The future of AppSec: Stop fighting the last war
It’s a cornerstone of military doctrine: when you focus too much on the last battle you faced, you miss signs of the new battleground taking shape. The principle holds as true for cybersecurity as it does for cavalries and tanks.
The surest way to put your organization at risk is to keep your defense strategy rooted in the past – especially it wasn’t all that effective in the first place. If tactics like slow gatekeeping controls haven’t been able to fix the kind of security vulnerabilities we’ve been seeing for years, how will they hold up against the next hacker innovation?
It’s not only threats that are evolving, of course. The ways we create apps are changing quickly as well, with the rise of new models like microservices, API-first design, and single-page apps, and the ongoing adoption of DevOps and Agile. Even within a single organization, different teams may be using different development approaches to build different kinds of apps for different architectures. Traditional siloed approaches to application security just aren’t relevant to our needs today.
Clearly, it’s time to stop looking backward and start looking ahead. How can we defend ourselves against threats when we don’t even know what form they will take? The key is to change the way we look. Approaches based on patterns or signatures will only detect threats that have already been identified. Instead, we need to be able to see signs of attack of any form, anywhere in the environment, against any type of application, in real time.
What can you do to shift your organization to a forward-looking, ready-for-anything security posture? There are three main things to focus on: empowerment, flexibility, and rapid response.
Traditional cybersecurity has centered on complex tools in the hands of skilled experts. This poses two obvious problems: first, it forces development and DevOps teams to rely on a separate, siloed security team, introducing friction and opening a gap in what needs to be a fast and efficient workflow. And second, it presupposes that such experts are readily available in the first place—and as anyone trying to hire a security engineer can tell you, that’s not the case.
To eliminate the reliance on scarce security expertise, organizations need to break down the silos that exist between security, development, and operations, and empower everyone on those teams with security technologies they can use themselves. Developers and DevOps teams need to be able to build security into their own apps, with the autonomy to handle the threats they’ll actually face – not just the threats they used to face. And they’ve got to be able to do it faster, in real time.
By necessity, this will call for an inclusive approach to technology to accommodate the diverse development approaches various teams may take. To make application defense an integrated and efficient part of their processes, people need to be able to add security elements into the development and communication tools they’re already using, such as JIRA, Datadog, PagerDuty, and Slack.
Just as security tools need to be able to accommodate every type of user, security technologies must provide strategic coverage across every platform in the enterprise—any cloud, container, PaaS, IaaS, language, or infrastructure. The days when IT could dictate technology choices are long gone; development and DevOps teams now make their own decisions independently, bringing a diverse mix of platforms into the environment. Acquisitions can bring further variety, as new groups arrive with well-established stacks of their own.
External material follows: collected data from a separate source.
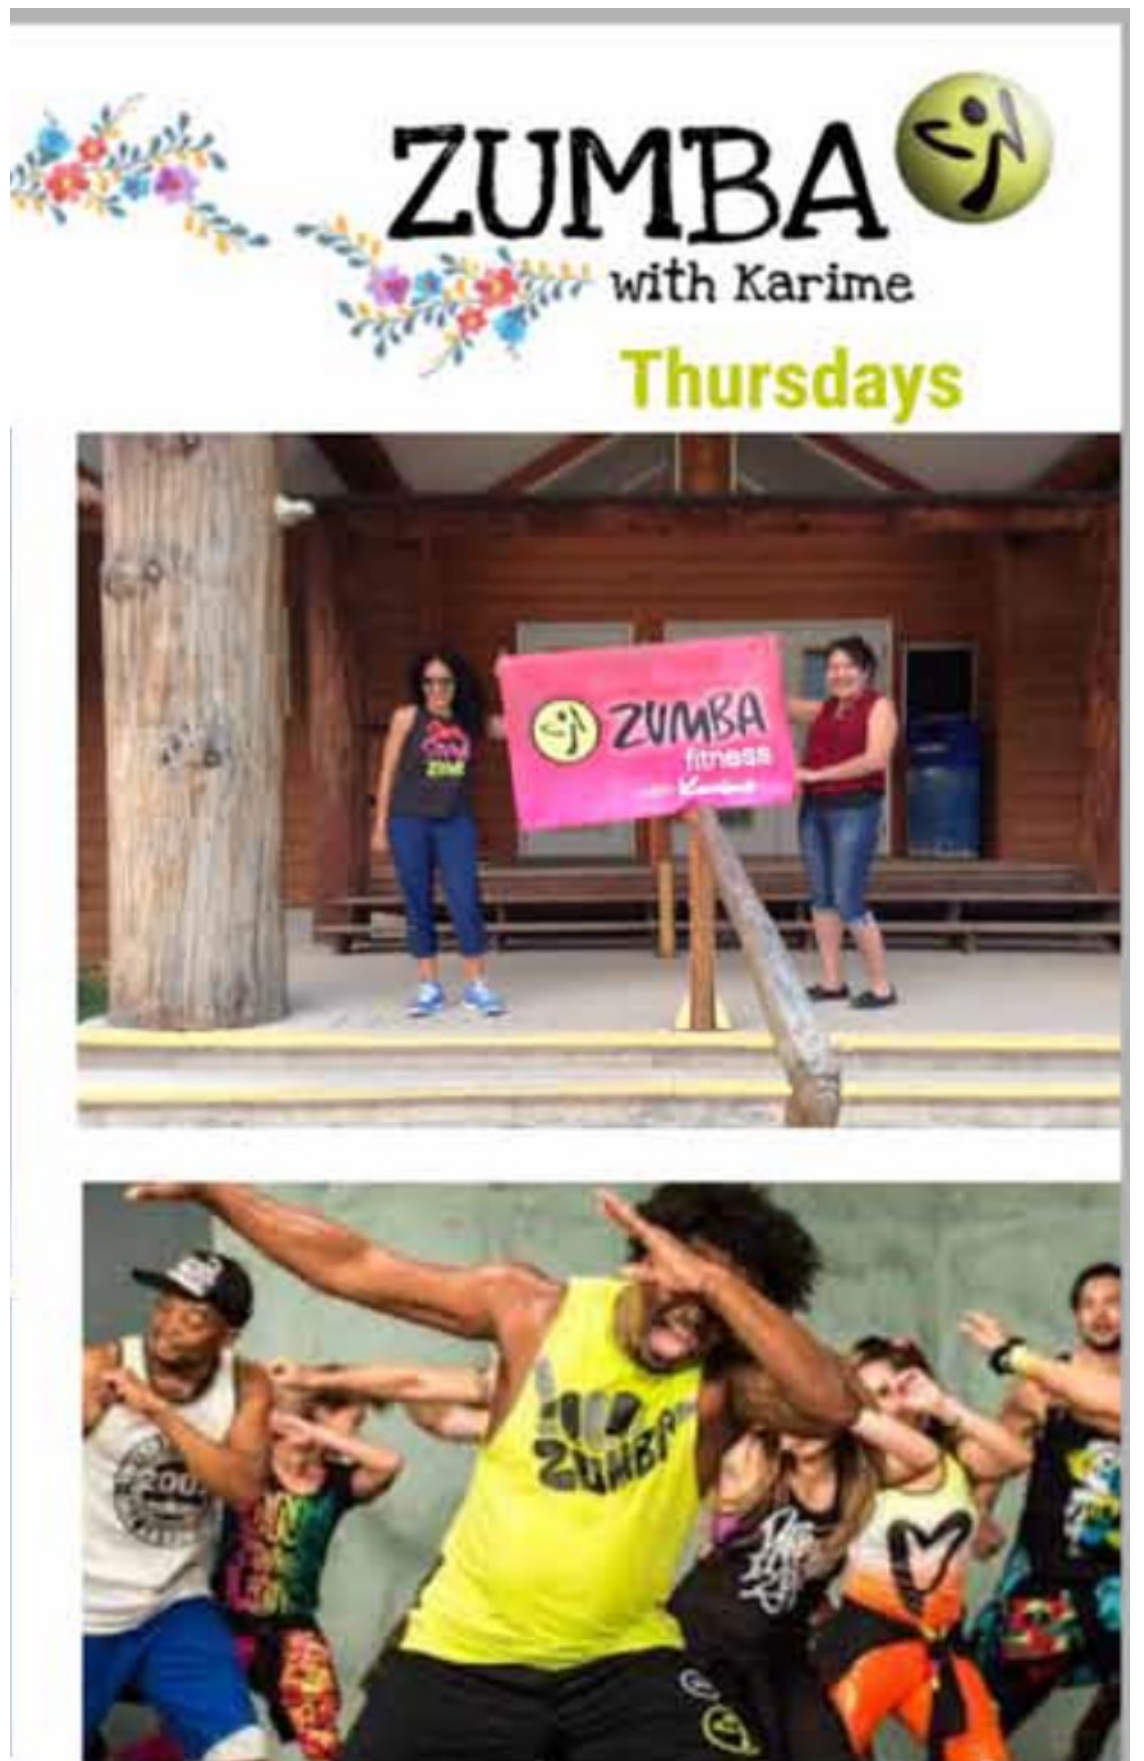

## Zumba with Karime

Thursdays 7:00-8:00pm

Feb.6-Mar.12 & April 2-May 7

\$42/6 classes or \$8 drop-in

Drop in \$8  
Punch cards will be  
available at REC Centre  
10/Class Punch Card \$80

**Buy 10/ classes Punch Card  
Get 1 FREE class**

Trying to mandate a standard security architecture and forcing teams to adapt or rewrite their apps accordingly will spark a revolt, as teams simply route around the new requirement. For that matter, settling on a single architecture also locks out future options; containers and microservices might not seem important to a given organization today, but they may feel differently a year from now.
Instead, companies need to be able to cover the full spectrum of platforms—any cloud, container, PaaS, IaaS, language, or infrastructure—with security technology that can be deployed in any manner, including NGWAF, RASP, and reverse proxy modes. That way, development and DevOps teams remain free to make technology choices based on the needs of their apps and the business, not the arbitrary limitations of a security tool.
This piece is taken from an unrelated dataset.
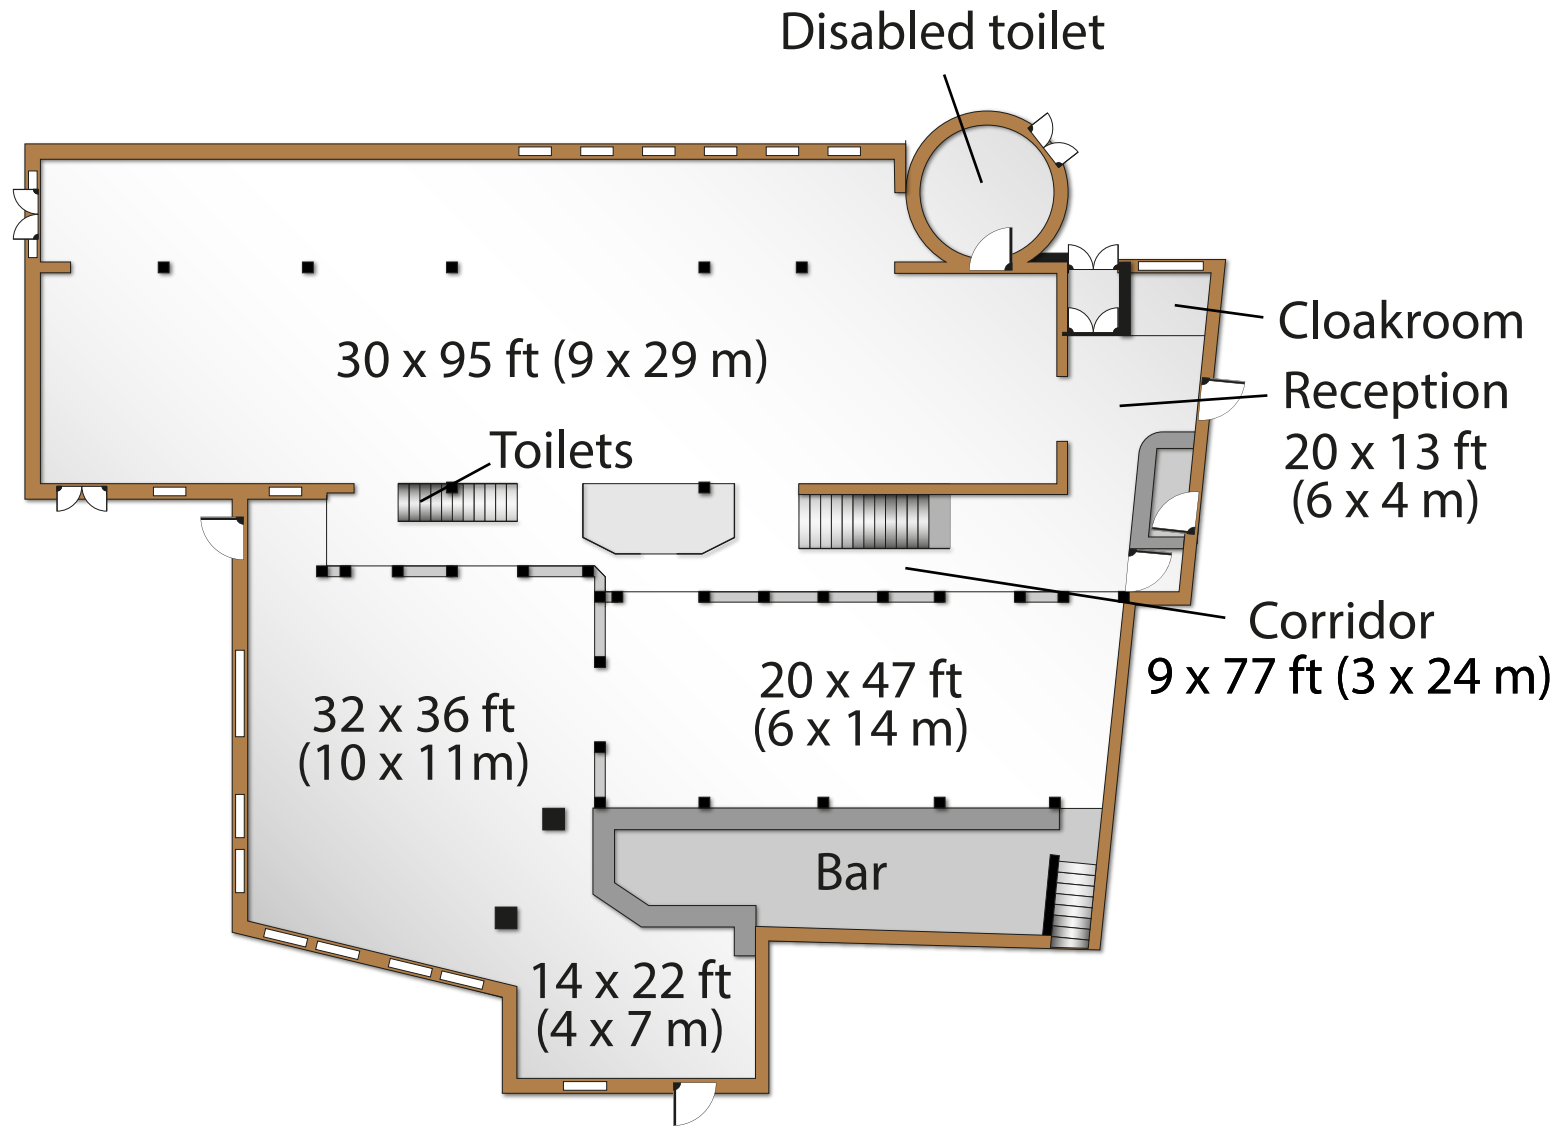

The Great Hall Barn

Approx total area 6250 sq ft (1905 sq m)

At the end of the day, cybersecurity is about detecting, disrupting, and preventing attacks in whatever form they may take. Traditional approaches focused on point solutions that addressed only isolated pieces of the picture. This made for slow, ponderous processes that couldn’t possibly keep up with rapidly evolving and diversifying threats, not to mention the need for faster application development.
Security needs to focus on what’s happening right now, across the live production environment, including threats of all types—OWASP Top 10, application DDoS, unique business logic flaws, brute force attacks, rate limiting, account takeover, bots, and whatever else hackers might throw at you. Is our login page seeing a spike in failed attempts? Are user accounts being cross-linked to payment instruments at an alarming rate? Are the critical business functions within an app diverging wildly from established baselines? By evaluating real activity in real time, across multiple vectors, you can better understand the context of what you’re seeing, and make the right decisions about your response—fast.
Don’t leave your organization’s defense in the hands of yesterday’s security technologies. Successful organizations are meeting these new challenges head on by focusing on empowerment, flexibility, and rapid response.